── Source material ──
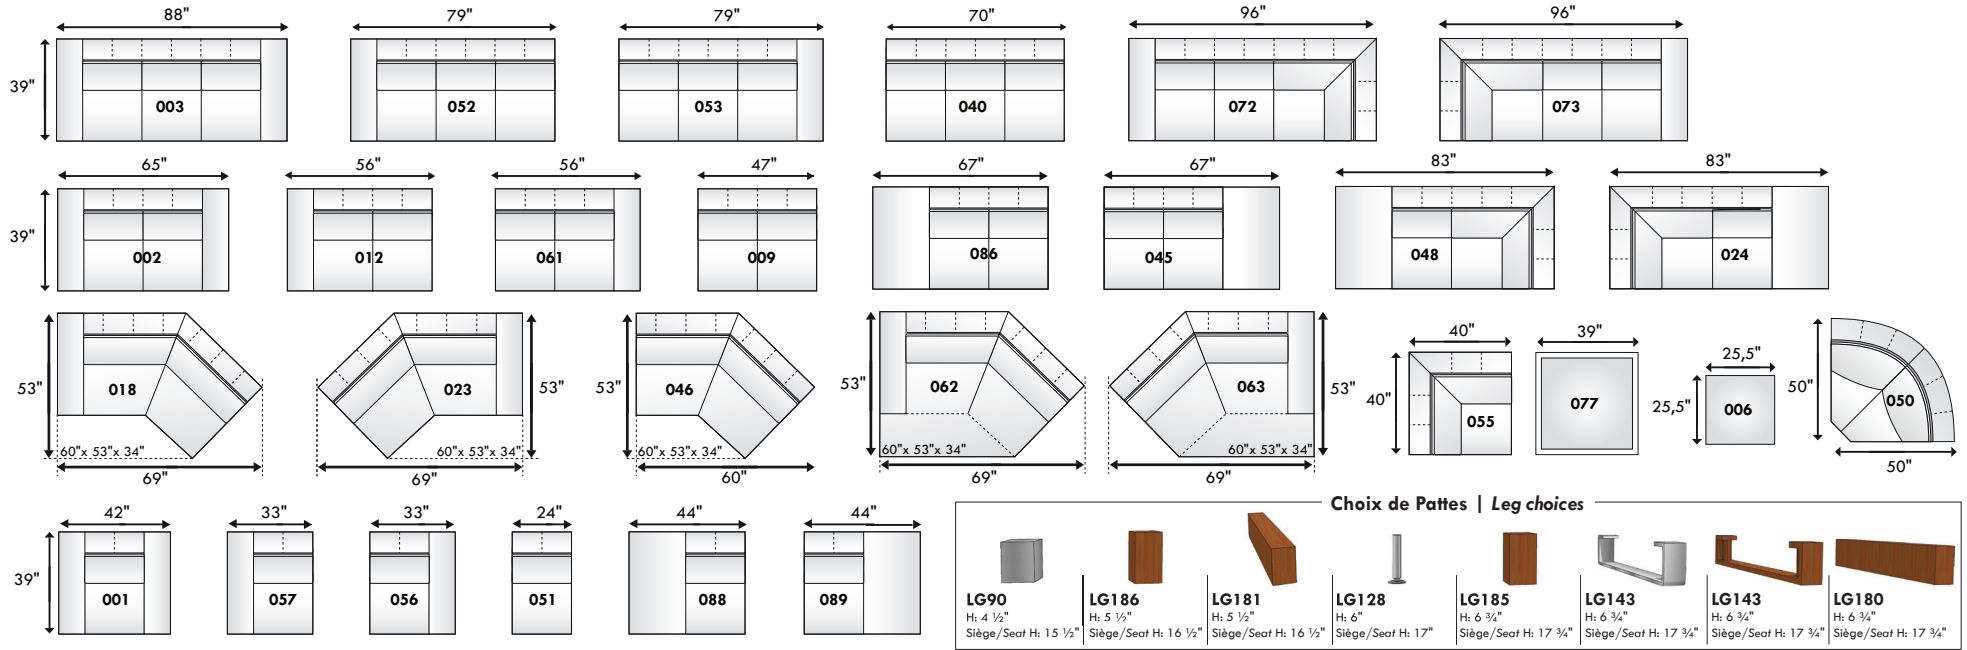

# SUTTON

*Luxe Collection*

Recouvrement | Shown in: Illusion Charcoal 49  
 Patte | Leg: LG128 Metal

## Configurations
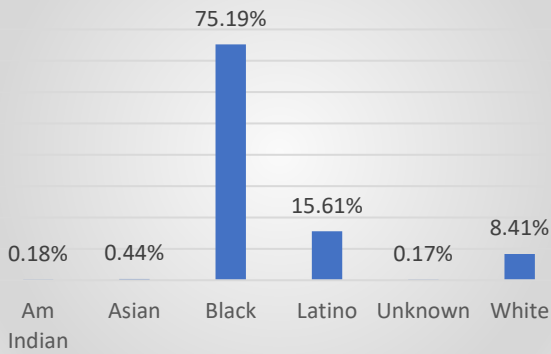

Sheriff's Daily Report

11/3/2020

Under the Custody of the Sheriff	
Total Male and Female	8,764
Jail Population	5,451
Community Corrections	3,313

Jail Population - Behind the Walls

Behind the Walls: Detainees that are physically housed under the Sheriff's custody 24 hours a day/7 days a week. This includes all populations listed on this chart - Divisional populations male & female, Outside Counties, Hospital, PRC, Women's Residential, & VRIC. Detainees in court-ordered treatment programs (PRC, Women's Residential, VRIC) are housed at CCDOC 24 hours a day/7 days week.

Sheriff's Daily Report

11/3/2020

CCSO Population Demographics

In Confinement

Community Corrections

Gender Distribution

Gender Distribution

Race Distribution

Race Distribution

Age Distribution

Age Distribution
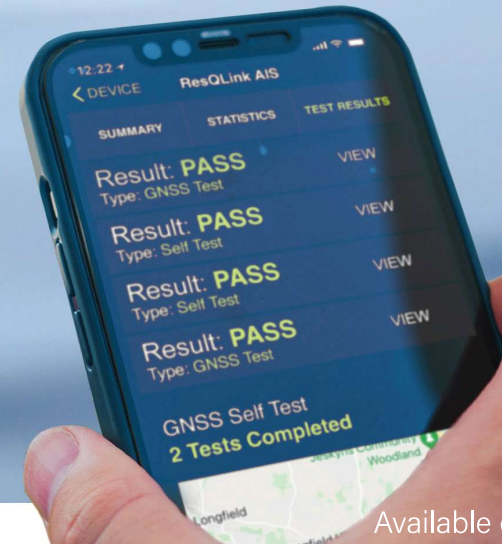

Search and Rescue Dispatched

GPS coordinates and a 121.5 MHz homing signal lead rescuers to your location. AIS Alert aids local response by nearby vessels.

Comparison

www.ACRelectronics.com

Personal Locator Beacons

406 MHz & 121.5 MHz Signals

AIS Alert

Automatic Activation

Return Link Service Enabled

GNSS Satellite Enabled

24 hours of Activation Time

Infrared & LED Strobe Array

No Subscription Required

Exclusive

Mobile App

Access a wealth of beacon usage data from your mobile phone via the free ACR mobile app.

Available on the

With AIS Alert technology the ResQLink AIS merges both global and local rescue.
───
── Source material ──
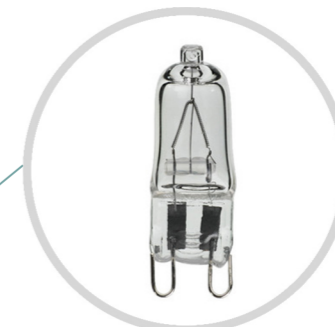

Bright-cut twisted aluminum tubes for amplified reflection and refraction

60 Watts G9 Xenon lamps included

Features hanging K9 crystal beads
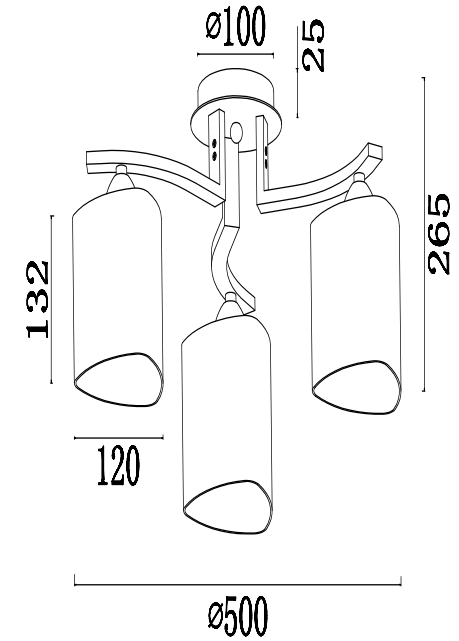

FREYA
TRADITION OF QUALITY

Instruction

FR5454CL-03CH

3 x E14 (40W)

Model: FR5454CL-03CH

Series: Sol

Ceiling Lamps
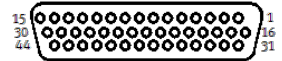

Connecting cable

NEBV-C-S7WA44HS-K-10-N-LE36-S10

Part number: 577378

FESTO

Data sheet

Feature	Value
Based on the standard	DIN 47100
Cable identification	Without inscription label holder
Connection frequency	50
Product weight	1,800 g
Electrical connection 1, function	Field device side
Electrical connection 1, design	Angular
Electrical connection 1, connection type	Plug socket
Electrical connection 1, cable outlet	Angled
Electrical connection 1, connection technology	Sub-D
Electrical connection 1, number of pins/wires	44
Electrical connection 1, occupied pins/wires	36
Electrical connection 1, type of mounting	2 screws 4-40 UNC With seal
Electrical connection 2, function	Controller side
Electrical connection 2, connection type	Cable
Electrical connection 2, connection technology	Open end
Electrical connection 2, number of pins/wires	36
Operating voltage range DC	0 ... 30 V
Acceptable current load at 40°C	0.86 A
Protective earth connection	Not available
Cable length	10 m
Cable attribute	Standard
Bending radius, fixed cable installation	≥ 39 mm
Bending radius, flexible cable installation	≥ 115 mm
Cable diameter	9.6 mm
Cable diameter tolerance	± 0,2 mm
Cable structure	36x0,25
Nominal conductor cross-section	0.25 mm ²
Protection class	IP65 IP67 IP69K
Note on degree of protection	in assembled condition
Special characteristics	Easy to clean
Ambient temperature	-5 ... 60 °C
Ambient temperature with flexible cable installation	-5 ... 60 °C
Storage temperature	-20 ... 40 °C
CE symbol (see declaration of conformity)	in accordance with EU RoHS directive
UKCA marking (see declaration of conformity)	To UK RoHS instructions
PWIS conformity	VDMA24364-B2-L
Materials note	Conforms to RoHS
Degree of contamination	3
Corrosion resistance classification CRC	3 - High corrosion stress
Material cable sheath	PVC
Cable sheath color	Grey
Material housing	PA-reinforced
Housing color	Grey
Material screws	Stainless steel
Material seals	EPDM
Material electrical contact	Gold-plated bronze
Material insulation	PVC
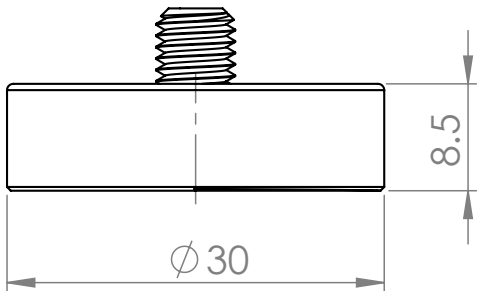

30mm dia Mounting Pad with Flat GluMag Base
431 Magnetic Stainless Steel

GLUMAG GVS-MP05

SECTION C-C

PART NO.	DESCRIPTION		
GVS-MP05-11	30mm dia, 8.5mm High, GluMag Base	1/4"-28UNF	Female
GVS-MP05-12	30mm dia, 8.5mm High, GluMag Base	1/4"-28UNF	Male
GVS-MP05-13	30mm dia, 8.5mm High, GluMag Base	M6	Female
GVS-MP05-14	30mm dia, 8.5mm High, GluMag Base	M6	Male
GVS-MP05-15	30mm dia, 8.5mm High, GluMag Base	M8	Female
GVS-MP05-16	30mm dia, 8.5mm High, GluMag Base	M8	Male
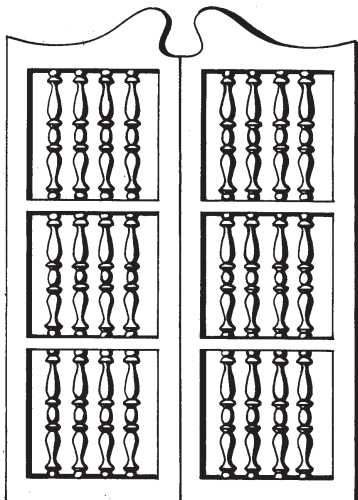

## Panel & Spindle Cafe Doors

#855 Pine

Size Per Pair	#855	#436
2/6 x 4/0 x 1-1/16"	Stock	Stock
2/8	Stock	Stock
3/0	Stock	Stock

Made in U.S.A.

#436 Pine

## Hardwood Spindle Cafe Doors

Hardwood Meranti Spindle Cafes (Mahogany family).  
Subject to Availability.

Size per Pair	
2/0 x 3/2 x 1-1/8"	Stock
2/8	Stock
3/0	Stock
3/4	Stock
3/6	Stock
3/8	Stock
───
Copy each line above where "your" appears.

» **Result for this exercise**
GPS coordinates and a 121.5 MHz homing signal lead rescuers to your location. AIS Alert aids local response by nearby vessels.
Access a wealth of beacon usage data from your mobile phone via the free ACR mobile app.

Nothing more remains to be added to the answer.